When I collected my shiny new steed I said to Tommy, as I later came to know him, “Hey Mister, gi’s a job.” And so, aged 14, I spent my summer holidays working for £30 a week shot blasting paint off frames by day and blowing vast quantities of iron filings out of my nose by night.
Those micro business local tradesmen were true artisans, producing world class products, better than what many professionals in the Tour de France were racing on at the time, fully custom for each client and yet cheaper than some of the peg big brands. The frame builders would also join us on club rides and race meets where they sponsored promising young talent who couldn’t afford a bike. You could chew the fat with them over a coffee – they were real people and part of the community.

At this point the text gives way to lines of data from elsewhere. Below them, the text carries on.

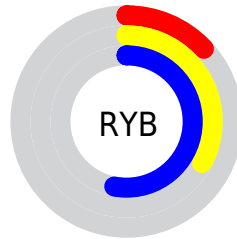

Conversions

Conversions Part 2

Format	Color
RYB	34, 83, 135
Decimal	2261383
CIELab	49.30, -24.46, -11.00
CIElCh	49, 26.814, 204.210
Yxy	17.8355, 0.2287, 0.3161
Android (android.graphics.Color)	4280451463 (0xFF228187)
YUV	101.2790, 16.6245, -59.0037
Hunter-Lab	42.2321, -19.3574, -6.4956

Details

The RYB color **34, 83, 135** is a dark color, and the websafe version is hex **339999**. A complement of this color would be **135, 40, 34**, and the grayscale version is **101, 101, 101**.

A 20% lighter version of the original color is **96, 140, 188**, and **0, 41, 85** is the 20% darker color. If you saturate the color by 10%, you get **20, 76, 135**, and if you desaturate by 10%, it is **47, 90, 135**.

Distribution

- Red (13%)
- Green (51%)
- Blue (53%)

- Red (13%)
- Yellow (33%)
- Blue (53%)

- Cyan (75%)
- Magenta (4%)
- Yellow (0%)
- Black (47%)

- Cyan (87%)
- Magenta (49%)
- Yellow (47%)

Brightness & Saturation Gradients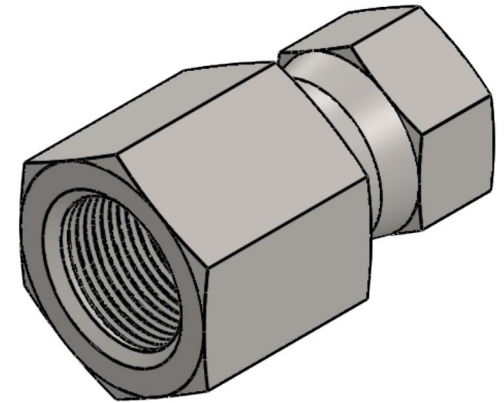

# 6506-06-08

Steel, SAE J514 37° Flare Swivel Female Connector, 3/8" Female NPTF x 1/2" Female JIC Swivel

6701 Cochran Road  
Solon, Ohio 44139  
Phone: (440) 248-1880  
Toll Free: 1-888-331-1523

<b>Temperature Rating</b>	<b>Material</b>	<b>Industry Standards</b> SAE J514 , SAE J476 ASTM B633	<b>Series</b>
-65°F to 500°F	C1045/12L14 Steel		6506
<b>Pressure Rating</b>	<b>Finish</b>		<b>Series Description</b>
5000 psi	Trivalent Zinc		SAE J514 37° Flare Swivel Female Connector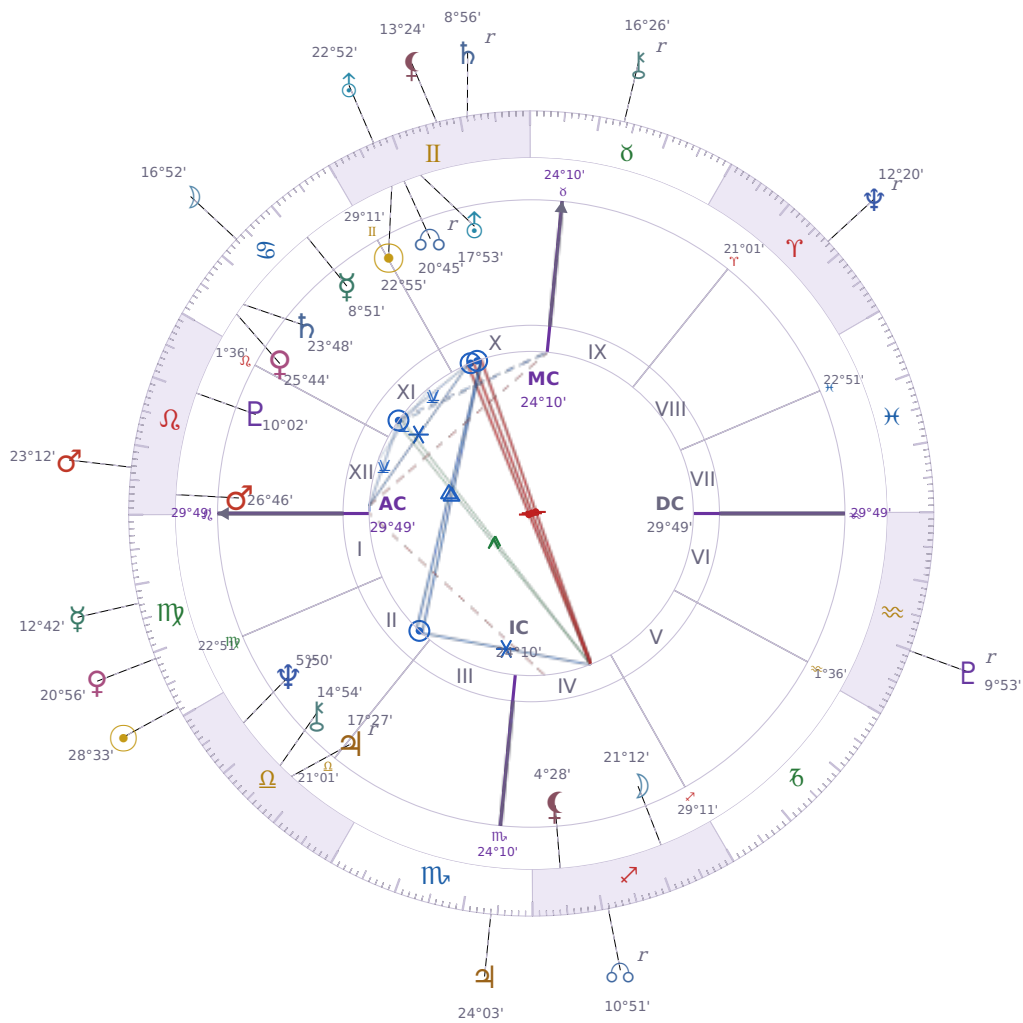

DAILY HOROSCOPE

Donald John Trump

President of the United States (2017–2021; since 2025)

♊ Gemini June 14, 1946 10:54 New York City

Saturday, 21 September 2030

TRANSITS FOR TODAY

☉ Sun	in ♍ Virgo	28°33'19"
☾ Moon	in ♋ Cancer	16°52'52"
☿ Mercury	in ♍ Virgo	12°42'10"
♀ Venus	in ♍ Virgo	20°56'24"
♂ Mars	in ♌ Leo	23°12'59"
♃ Jupiter	in ♏ Scorpio	24°03'37"
♄ Saturn	in ♊ Gemini Rx	8°56'45"

♅ Uranus	in ♊ Gemini	22°52'25"
♆ Neptune	in ♈ Aries Rx	12°20'12"
♇ Pluto	in ♒ Aquarius Rx	9°53'06"
♁ Chiron	in ♉ Taurus Rx	16°26'47"
♊ NNode	in ♐ Sagittarius Rx	10°51'18"
♁ Lilith	in ♊ Gemini	13°24'20"

Sadly not one of those businesses still exists, the last, Roberts, closing its doors in 2015. Nowadays kids of all ages race super light and rigid mass produced plastic things adorned with Italian and American names that are little more than marketing brands on frames made in third party Shenzhen or Taipei factories, which no rider has heard or knows anything of. Race bicycles, previously unique and made with real passion by people you knew, have become soulless appliances with about as much personal connection as a washing machine.
Back when I was a wee Nipper, as strong as soup but only knee high to a sensible thought and raced bicycles, Britain’s hi-fi industry also thrived. Every town, it seemed, had someone making speakers, amplifiers or turntables. Like bicycle frame builders some were big businesses but many were micro enterprises most had never heard of, producing small quantities of high class products to those in the know, each unique but yet could still compare with the best. Unlike the cycle industry, though, this is still pretty much the case. Okay, the bean counters at the big boys have shipped production out to China (whilst, in at least one example, slapping Union Jack stickers on the front fascia of their products), but there is still a healthy, if diminished, number of micro, small and medium sized hi-fi manufacturers still making their high quality products with love and skill on these shores.

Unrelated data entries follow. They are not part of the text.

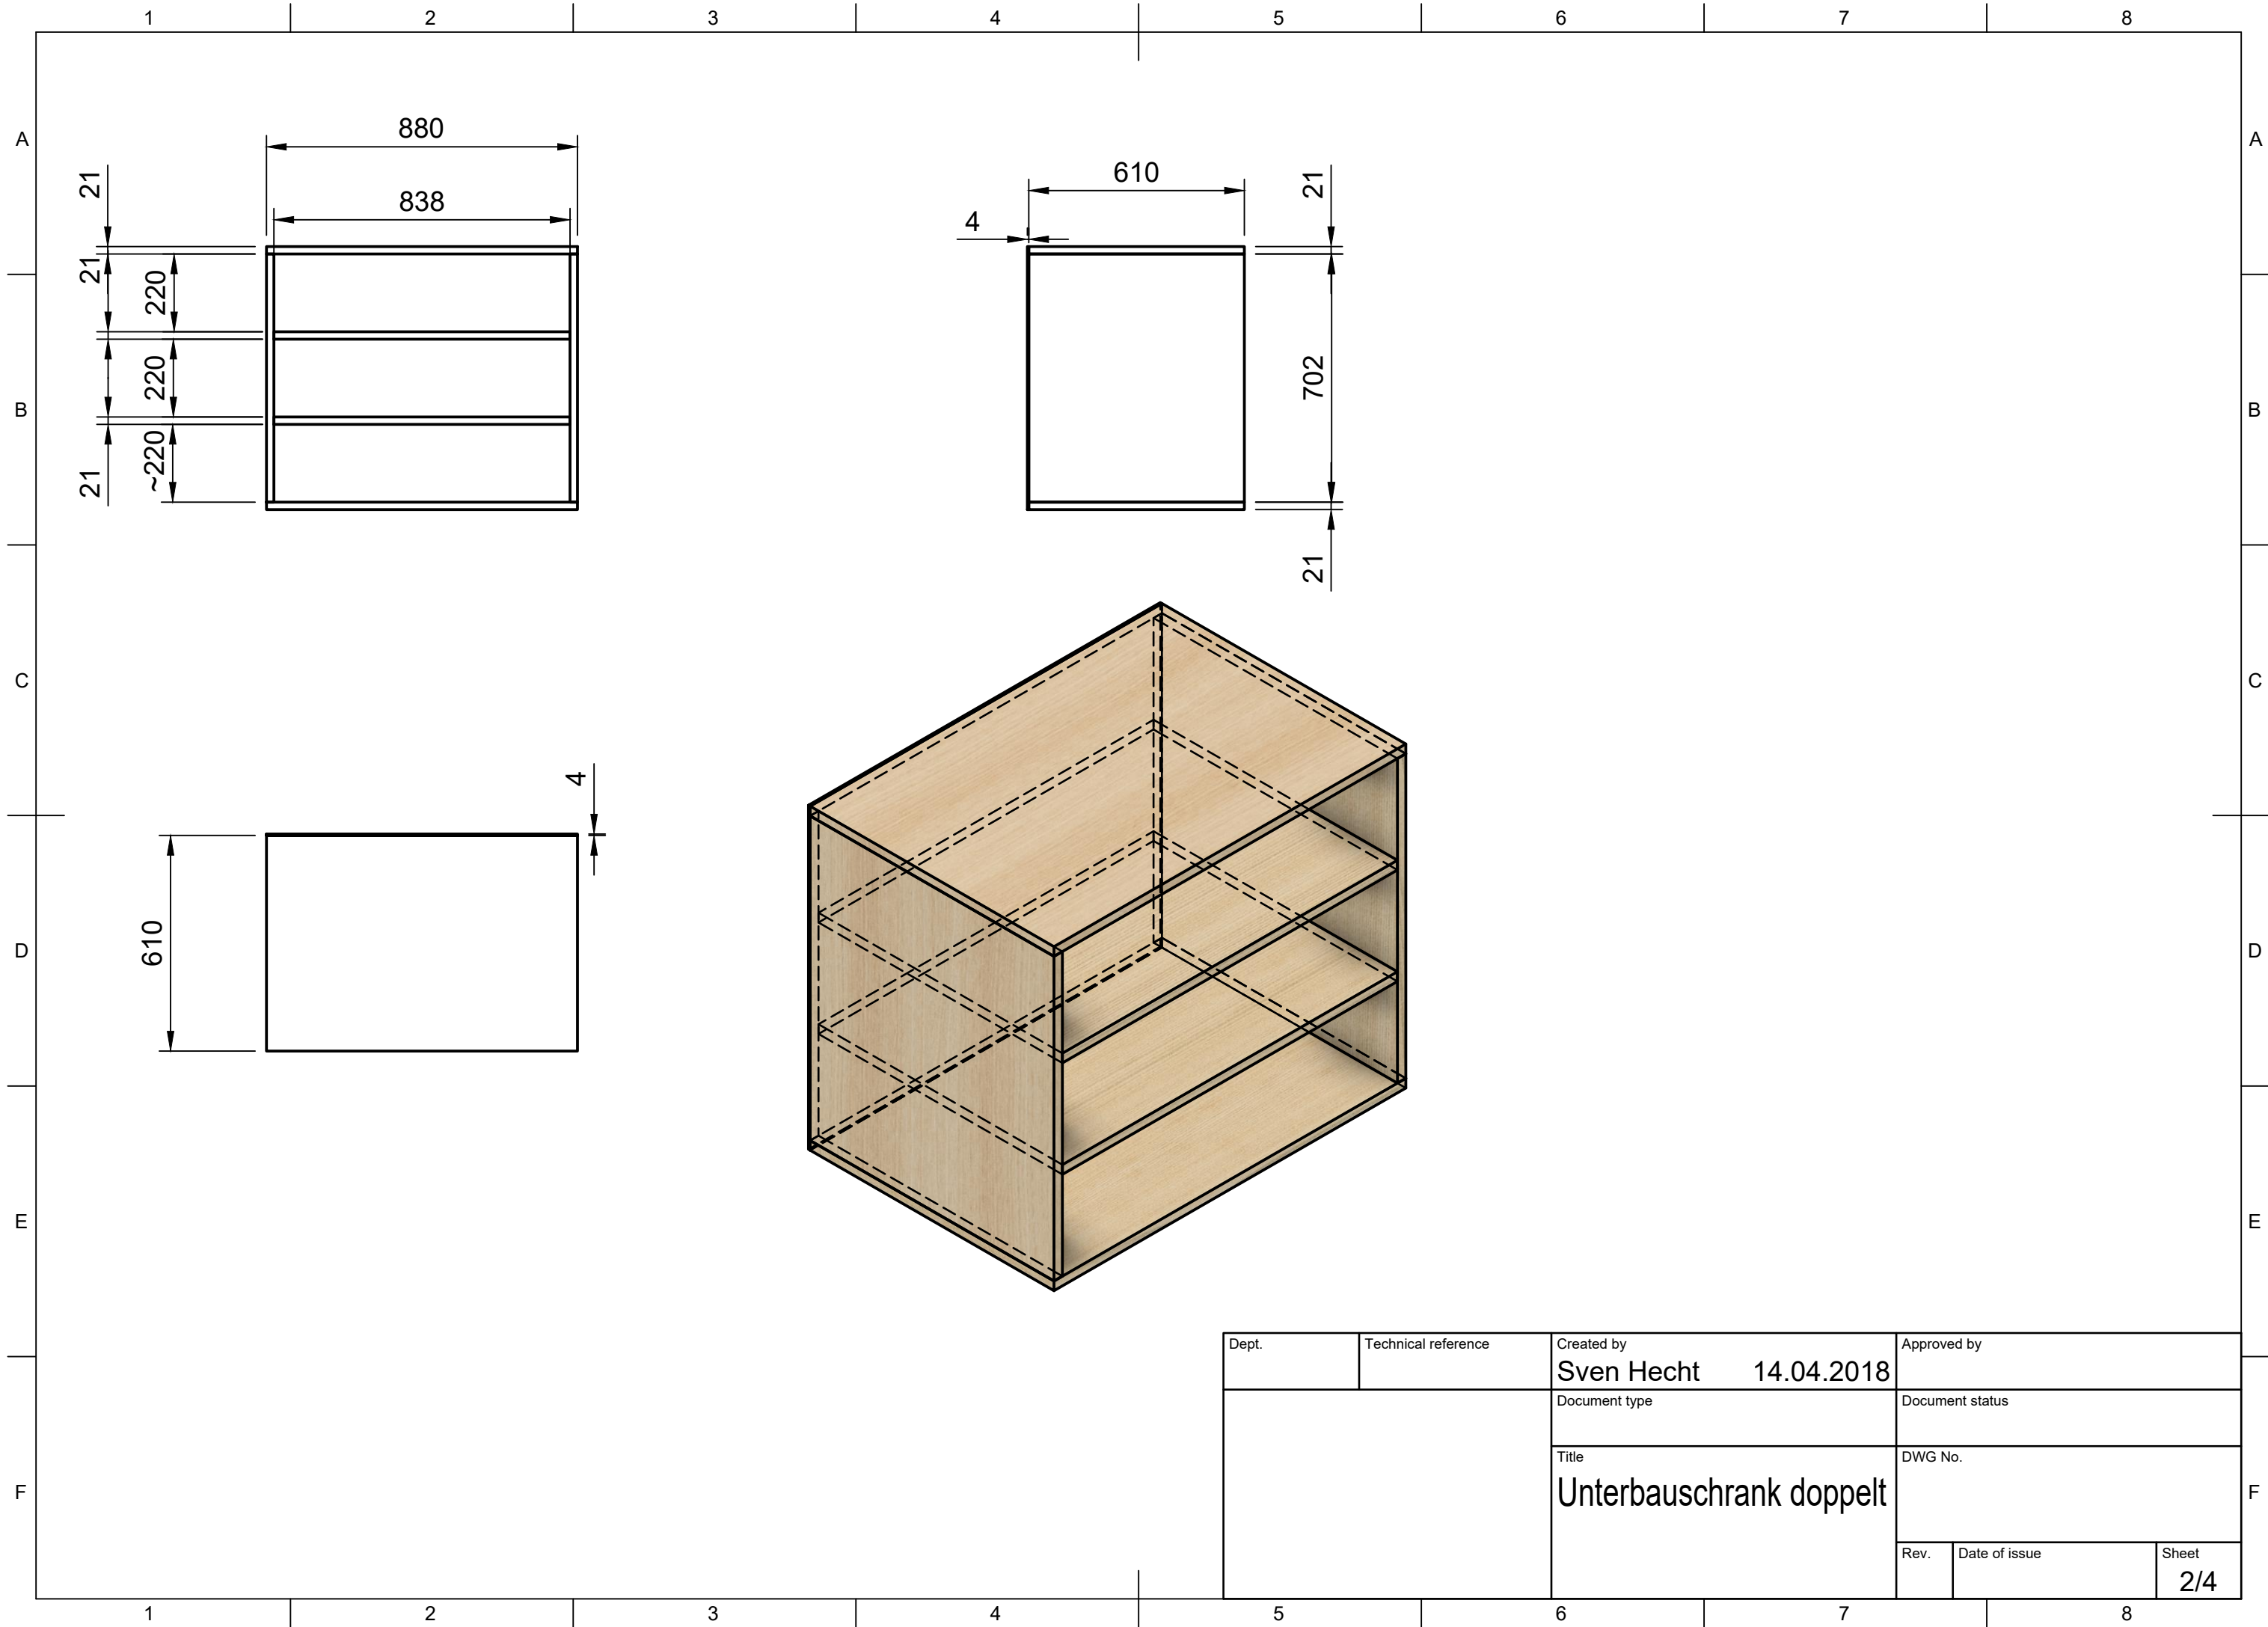

Dept.	Technical reference	Created by Sven Hecht	14.04.2018	Approved by
		Document type	Document status	
		Title Werkbank	DWG No.	
Rev.	Date of issue	Sheet	1/4	

Dept.	Technical reference	Created by Sven Hecht	14.04.2018	Approved by
		Document type	Document status	
		Title Unterbauschrank doppelt	DWG No.	
		Rev.	Date of issue	Sheet 2/4

Dept.	Technical reference	Created by Sven Hecht	14.04.2018	Approved by	
		Document type	Document status		
		Title Unterbauschrank einfach	DWG No.		
		Rev.	Date of issue	Sheet 3/4	

Dept.	Technical reference	Created by Sven Hecht	14.04.2018	Approved by
		Document type	Document status	
		Title Tischplatte	DWG No.	
Rev.	Date of issue	Sheet	4/4

And it is into this cottage industry that Michael Fidler steps. He recently launched his company Classic Audio and spent a year researching his initial product (after 10 years of design experience), the Spartan 10 Phono stage. Only just released, he sold half the primary production run in the first week. So maybe it’s worth a look at. His website goes into great depth and technical detail so I will just summarise some of the main points.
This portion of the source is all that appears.